There was a time when the Conference Call was all the rage. It was hotter than The Sopranos. Hotter than Day Traders. Hotter than Martha Stewart. Hotter than Zaghloul and Fattouche, the Calgary one-two tech punch, in their heyday.
Investors would awaken in the wee hours just to catch the latest gobbledygook from the CEO of a company that did something that had something to do with something that had something to do with technology.
In those days, you were nobody unless you owned Wi-Lan and Cell-Loc, two cellphones and listened to at least two high-tech conference calls a day.
My pal Bre-Xer, who now leads a normal life dealing cards at a blackjack table, installed an extra phone line in his house as a tribute to this phenomenon.
Alas, the excitement has waned.
Nowadays, people who didn’t sell Cell-Loc at $75 in March of 2000 have actual jobs so they can’t catch the conference calls. And, post-VisuaLABS, post-Enron, post-WorldCom, etc., those who still listen to the calls have become totally unreasonable in their demands.

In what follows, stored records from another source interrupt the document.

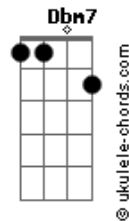

Isaías Saad - Ruja o Leão / Que Se Abram Os Céus (Pot-Pourri)

tom: Ebm (forma dos acordes no tom de Dbm)
Capotraste na 2ª casa
Intro: Dbm Badd9 A Gbm7

[Primeira Parte]

Dbm Badd9 A Gbm7
Sobre o trono de justiça eternamente
Dbm
Haverá um Rei
Dbm Badd9 A Gbm7
Ele voltará para governar as nações
Dbm
Em amor

[Refrão]

Dbm Badd9
Que ruja o Leão e que a terra estremeça
A Gbm7 Dbm
Diante da majestade de Jesus
Dbm Badd9
Que ruja o Leão e que a terra estremeça
A Gbm7 Dbm
Diante da majestade de Jesus

[Segunda Parte]

Dbm Badd9 A Gbm7
Sobre o trono de justiça eternamente
Dbm
Haverá um Rei
Dbm Badd9 A Gbm7
Ele voltará para governar as nações
Dbm
Em amor

[Refrão]

Dbm Badd9
Que ruja o Leão e que a terra estremeça
A Gbm7 Dbm
Diante da majestade de Jesus
Dbm Badd9
Que ruja o Leão e que a terra estremeça
A Gbm7 Dbm
Diante da majestade de Jesus

(Dbm Badd9 A Gbm7)
(Dbm Badd9 A Gbm7)

Acordes

[Ponte]

Dbm
0 Descendente de Davi
Badd9 Abm
0 Homem mais notável
A Gbm7 Dbm
Ele ama a justiça odeia iniquidade

Dbm
0 Descendente de Davi
Badd9 Abm
0 Homem mais notável
A Gbm7 Dbm
Ele ama a justiça odeia iniquidade

Chorus

Dbm Badd9
Que ruja o Leão e que a terra estremeça
A Gbm7 Dbm
Diante da majestade de Jesus

Dbm Badd9
Que ruja o Leão e que a terra estremeça
A Gbm7 Dbm
Diante da majestade de Jesus

(Dbm A E)
(Dbm E A Badd9)
(Dbm A E)
(Dbm E A Badd9)

Dbm
Que se abram os céus
A
0 teu reino vem
Dbm
Nossa fé está
Badd9
No nosso Deus

Dbm7
Que os céus fechados se abram
A
Teu reino venha mover
Dbm
A nossa fé e esperança
Badd9 Dbm
Estão em Deus Grande Deus

[Final] Dbm A E
Dbm E A Badd9
Dbm A E
Dbm E A Badd9 A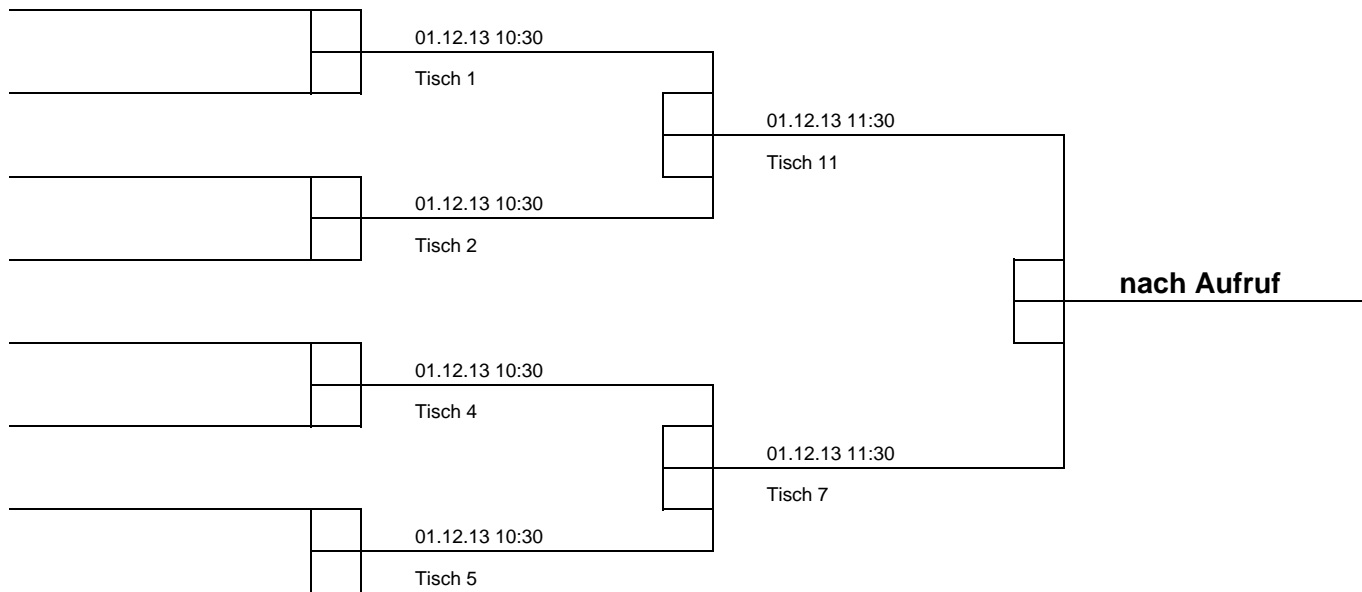

Endrunde - Damen B Einzel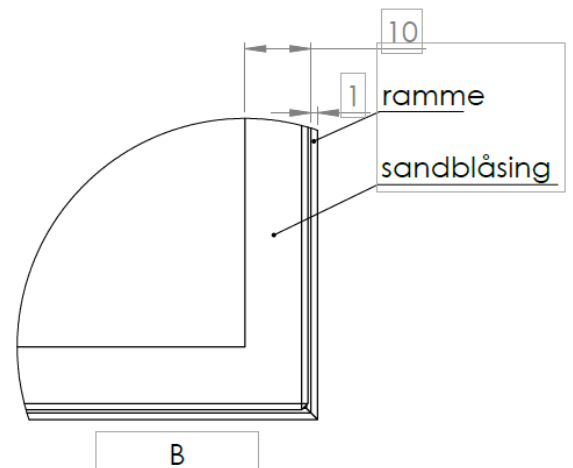

Monteringsanvisning VANGE speil med LED ramme og dimmer

B = 60 / 80 / 100 / 120 / 160 cm H = 70 cm D = 3,2 cm

Fargetemperatur: 3000 K

Bruk skruar/plugg tilpassa vegg

Takk for at du valgte eit produkt frå Linn Bad AS.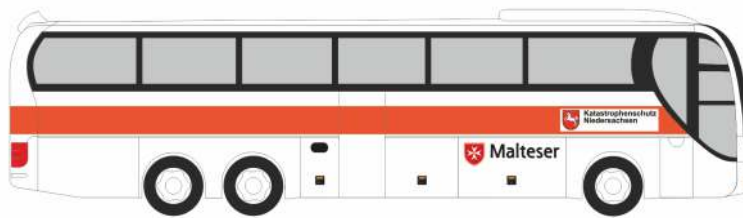

MAN Lion's Coach L
„Malteser Katastrophenschutz - Niedersachsen“
65555 | 1:87 | D | 33,90 €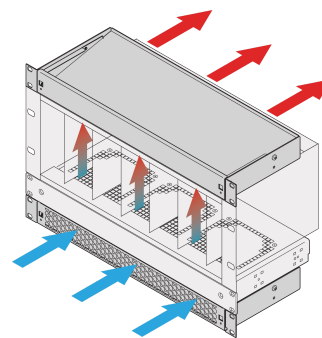

Deflettore dell'aria da 1 U per ventole da 19", 6 ventole, anteriore pieno, 330 mm, RAL 9006

CODICE A CATALOGO

10713-151

Deflettore dell'aria con altezza di 1 U per guidare l'aria dalla parte anteriore a quella superiore o dalla parte inferiore a quella posteriore.

CARATTERISTICHE

Opzioni di assieme: ? Un vassoio della ventola: L'aria fredda viene aspirata dalla parte anteriore e guidata verso l'alto. Due vassoi della ventola: L'aria fredda viene aspirata dalla parte anteriore, orientata verso l'alto e guidata verso la parte posteriore (vedere lo schema di applicazione)

Raffreddamento ottimizzato con vassoi ventola da 19"

L'accumulo verticale di calore viene evitato grazie a un migliore flusso d'aria

Tappetino filtrante opzionale, facile da sostituire durante il funzionamento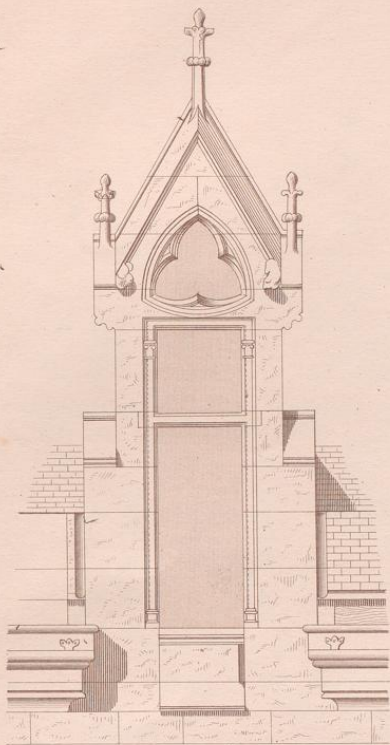

# Die Bauformen des Mittelalters in Sandstein

Opderbecke, Adolf

Weimar, 1882

Taf. XXXII.

---

[urn:nbn:de:hbz:466:1-67077](https://nbn-resolving.org/urn:nbn:de:hbz:466:1-67077)

Fig. 331.

Dachfenster v. Anfg d. XIV. Jahrh. n. V. I. D.

Fig. 331a.

Fig. 331 b.

Fig. 333.

Kreuzblume n. Ungewitter XIII. Jahrh.

Fig. 334.

Kreuzblume n. Ungew. XIII. Jahrh.

Fig. 332.

Oberer Theil des Schauhauses in Nürnberg XV. Jahrh. Kunst. Bildg.

Fig. 335.

Kreuzblume aus d. XIII. Jahrh. n. V. I. D.

Opferbecke, Bauformen.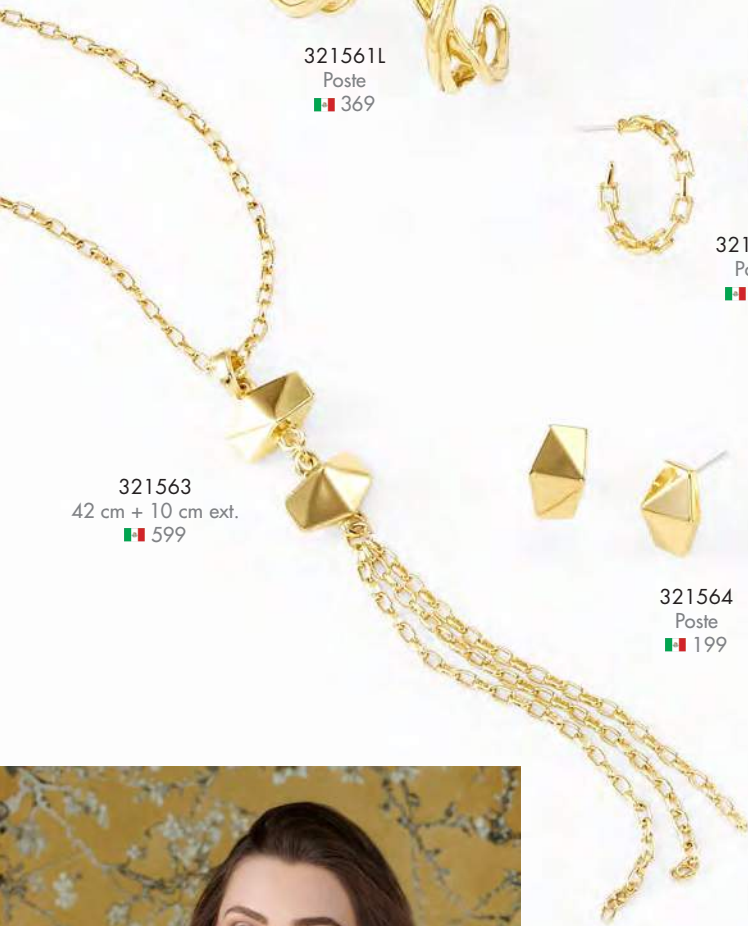

321563
42 cm + 10 cm ext.
🇮🇹 599

For example, shareholders demand to know what the company does (considering many companies aren’t sure what they do, this throws a monkey wrench into the conference script).
If that’s not enough, they expect straight talk and clarity. They expect the CEO to speak English, not techno-gobbledygook.
Worse, for those earnings announcements, they want to know what the earnings are, not what they will be in 2087.
Some companies have not adapted to these demands very well.
This was apparent by listening to a recent replay of the Cell-Loc conference call.
If you hadn’t done nine hours of research prior to this conference call, you probably had no idea what exactly Cell-Loc does.
(The company had some explaining to do, concerning its latest financials – a $15.97-million net loss for the first quarter of fiscal 2003 and a writedown of $11.9 million).
Although the call lacked clarity and hard facts that shareholders were looking for, it scored reasonably well as a commercial (surprising for a company that has struggled to commercialize its cellular location technology).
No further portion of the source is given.